### Record extracts

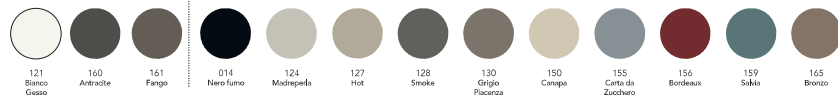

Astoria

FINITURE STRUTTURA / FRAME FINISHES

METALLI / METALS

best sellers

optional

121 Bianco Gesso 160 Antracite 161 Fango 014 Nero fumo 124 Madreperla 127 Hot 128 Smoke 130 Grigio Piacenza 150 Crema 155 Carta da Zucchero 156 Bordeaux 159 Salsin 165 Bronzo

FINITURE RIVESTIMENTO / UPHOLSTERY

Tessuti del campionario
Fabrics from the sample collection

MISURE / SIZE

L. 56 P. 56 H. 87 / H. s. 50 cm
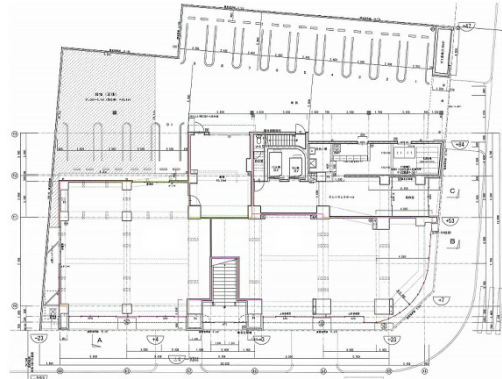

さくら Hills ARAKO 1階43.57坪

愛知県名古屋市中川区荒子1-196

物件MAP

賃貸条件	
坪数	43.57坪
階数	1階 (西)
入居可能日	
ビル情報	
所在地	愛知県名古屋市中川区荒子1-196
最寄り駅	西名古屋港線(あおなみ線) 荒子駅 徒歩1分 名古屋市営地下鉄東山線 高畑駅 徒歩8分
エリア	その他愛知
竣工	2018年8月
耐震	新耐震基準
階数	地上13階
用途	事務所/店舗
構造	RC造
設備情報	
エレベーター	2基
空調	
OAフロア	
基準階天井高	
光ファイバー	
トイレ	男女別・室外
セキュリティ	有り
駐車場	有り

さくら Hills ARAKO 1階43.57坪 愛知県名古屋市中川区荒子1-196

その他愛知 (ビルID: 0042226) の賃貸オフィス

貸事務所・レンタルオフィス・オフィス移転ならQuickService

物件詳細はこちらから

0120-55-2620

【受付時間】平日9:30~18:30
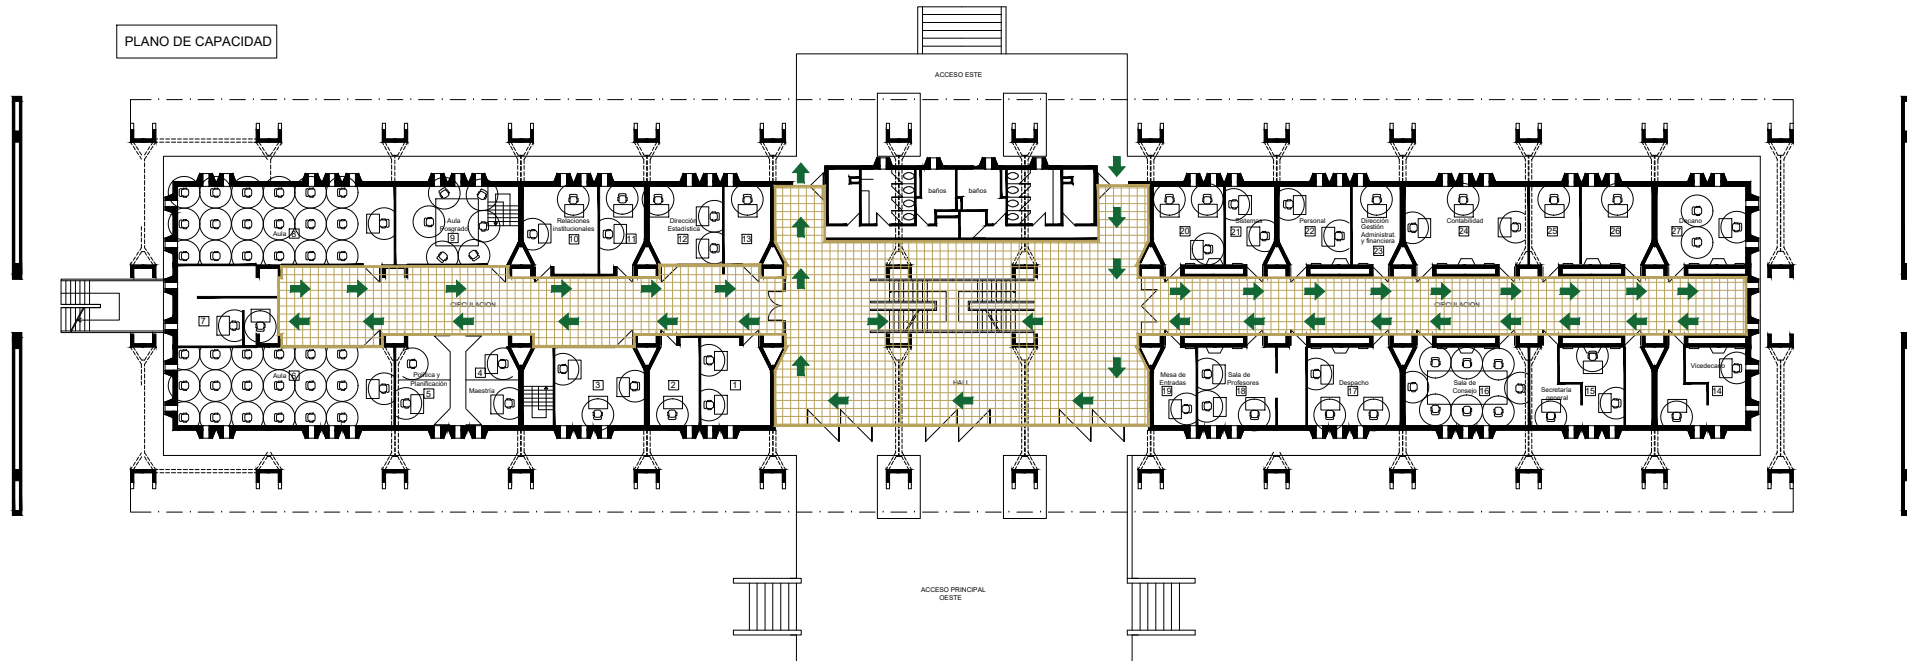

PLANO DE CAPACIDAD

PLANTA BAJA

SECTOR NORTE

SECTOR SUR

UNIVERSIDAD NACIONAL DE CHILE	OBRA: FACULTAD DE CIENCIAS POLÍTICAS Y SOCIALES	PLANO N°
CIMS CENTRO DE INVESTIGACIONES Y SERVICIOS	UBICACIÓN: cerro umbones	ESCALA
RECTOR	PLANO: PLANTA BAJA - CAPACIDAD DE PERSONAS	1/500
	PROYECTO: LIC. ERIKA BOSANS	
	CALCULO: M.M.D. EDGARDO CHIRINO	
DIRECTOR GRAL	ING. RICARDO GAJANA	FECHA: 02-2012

######

## About this exercise
Report each line above that includes the string "PLANO".

## Your solution
PLANO DE CAPACIDAD
UNIVERSIDAD NACIONAL DE CHILE	OBRA: FACULTAD DE CIENCIAS POLÍTICAS Y SOCIALES	PLANO N°
RECTOR	PLANO: PLANTA BAJA - CAPACIDAD DE PERSONAS	1/500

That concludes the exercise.